Dataset entries:
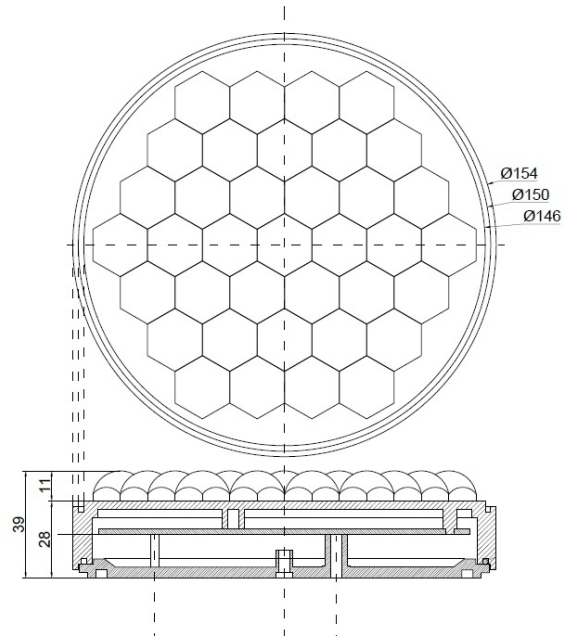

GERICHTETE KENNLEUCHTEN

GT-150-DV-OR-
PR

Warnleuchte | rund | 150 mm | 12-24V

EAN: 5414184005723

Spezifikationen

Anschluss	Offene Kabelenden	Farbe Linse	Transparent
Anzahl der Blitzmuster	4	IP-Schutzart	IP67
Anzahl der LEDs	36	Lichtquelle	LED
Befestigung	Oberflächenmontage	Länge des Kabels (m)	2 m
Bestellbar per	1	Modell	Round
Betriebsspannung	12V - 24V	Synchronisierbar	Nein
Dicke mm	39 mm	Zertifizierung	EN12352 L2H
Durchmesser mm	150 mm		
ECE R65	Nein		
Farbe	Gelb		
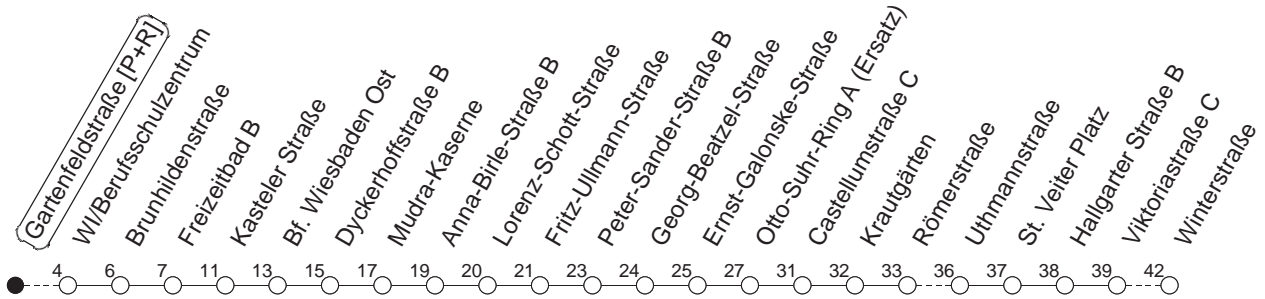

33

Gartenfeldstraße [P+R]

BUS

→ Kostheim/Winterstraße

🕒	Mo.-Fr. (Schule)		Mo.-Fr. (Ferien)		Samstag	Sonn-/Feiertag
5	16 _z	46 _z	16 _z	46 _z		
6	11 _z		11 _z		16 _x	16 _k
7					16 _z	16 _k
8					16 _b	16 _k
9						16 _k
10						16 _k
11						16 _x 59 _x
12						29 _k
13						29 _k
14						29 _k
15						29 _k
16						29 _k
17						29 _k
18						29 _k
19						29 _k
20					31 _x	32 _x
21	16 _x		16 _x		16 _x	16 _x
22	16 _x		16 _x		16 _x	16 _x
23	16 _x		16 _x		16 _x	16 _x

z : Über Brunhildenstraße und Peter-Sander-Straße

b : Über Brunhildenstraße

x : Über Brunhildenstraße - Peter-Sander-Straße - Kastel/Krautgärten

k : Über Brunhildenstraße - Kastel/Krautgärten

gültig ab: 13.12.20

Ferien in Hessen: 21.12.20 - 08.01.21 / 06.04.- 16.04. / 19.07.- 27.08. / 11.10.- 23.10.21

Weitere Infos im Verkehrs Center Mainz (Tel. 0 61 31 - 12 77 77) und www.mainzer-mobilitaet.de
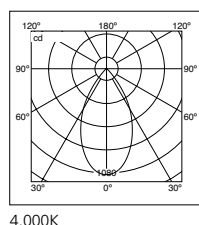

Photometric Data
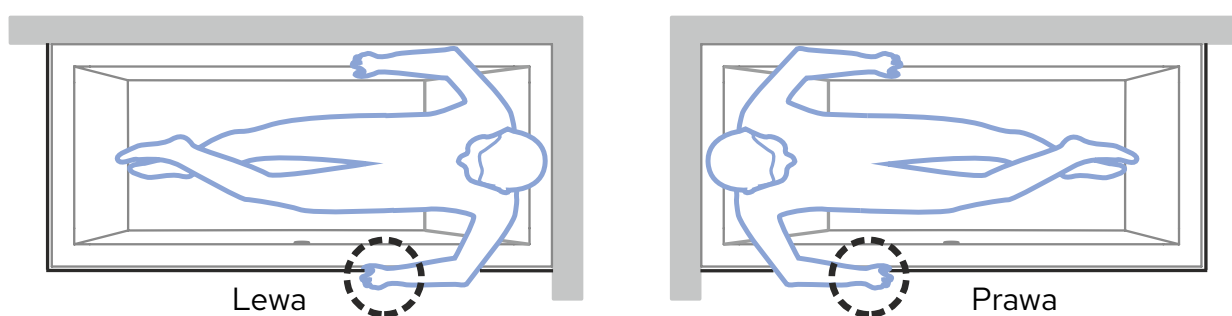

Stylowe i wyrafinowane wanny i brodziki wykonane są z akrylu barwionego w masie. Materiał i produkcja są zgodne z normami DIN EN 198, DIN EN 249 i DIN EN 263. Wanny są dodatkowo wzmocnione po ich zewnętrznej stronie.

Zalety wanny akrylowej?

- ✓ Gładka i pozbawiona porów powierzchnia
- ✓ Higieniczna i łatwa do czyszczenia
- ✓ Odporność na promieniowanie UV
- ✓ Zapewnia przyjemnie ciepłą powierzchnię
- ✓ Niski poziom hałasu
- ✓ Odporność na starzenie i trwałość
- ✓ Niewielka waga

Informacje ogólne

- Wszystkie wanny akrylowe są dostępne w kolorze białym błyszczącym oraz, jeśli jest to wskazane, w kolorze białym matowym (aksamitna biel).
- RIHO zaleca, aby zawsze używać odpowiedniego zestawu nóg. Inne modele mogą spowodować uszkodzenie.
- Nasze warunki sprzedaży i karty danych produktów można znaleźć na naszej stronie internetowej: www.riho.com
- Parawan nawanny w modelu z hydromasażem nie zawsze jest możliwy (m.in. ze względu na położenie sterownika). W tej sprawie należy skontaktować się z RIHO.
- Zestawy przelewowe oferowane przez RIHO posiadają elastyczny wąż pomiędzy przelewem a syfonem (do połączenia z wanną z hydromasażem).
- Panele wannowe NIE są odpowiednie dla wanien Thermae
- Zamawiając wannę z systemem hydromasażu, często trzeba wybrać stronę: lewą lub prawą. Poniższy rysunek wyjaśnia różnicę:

## Problem statement
Within the records, filter for lines that contain the word "Odporność" and show each one.

## Solution for this task
- ✓ Odporność na promieniowanie UV
- ✓ Odporność na starzenie i trwałość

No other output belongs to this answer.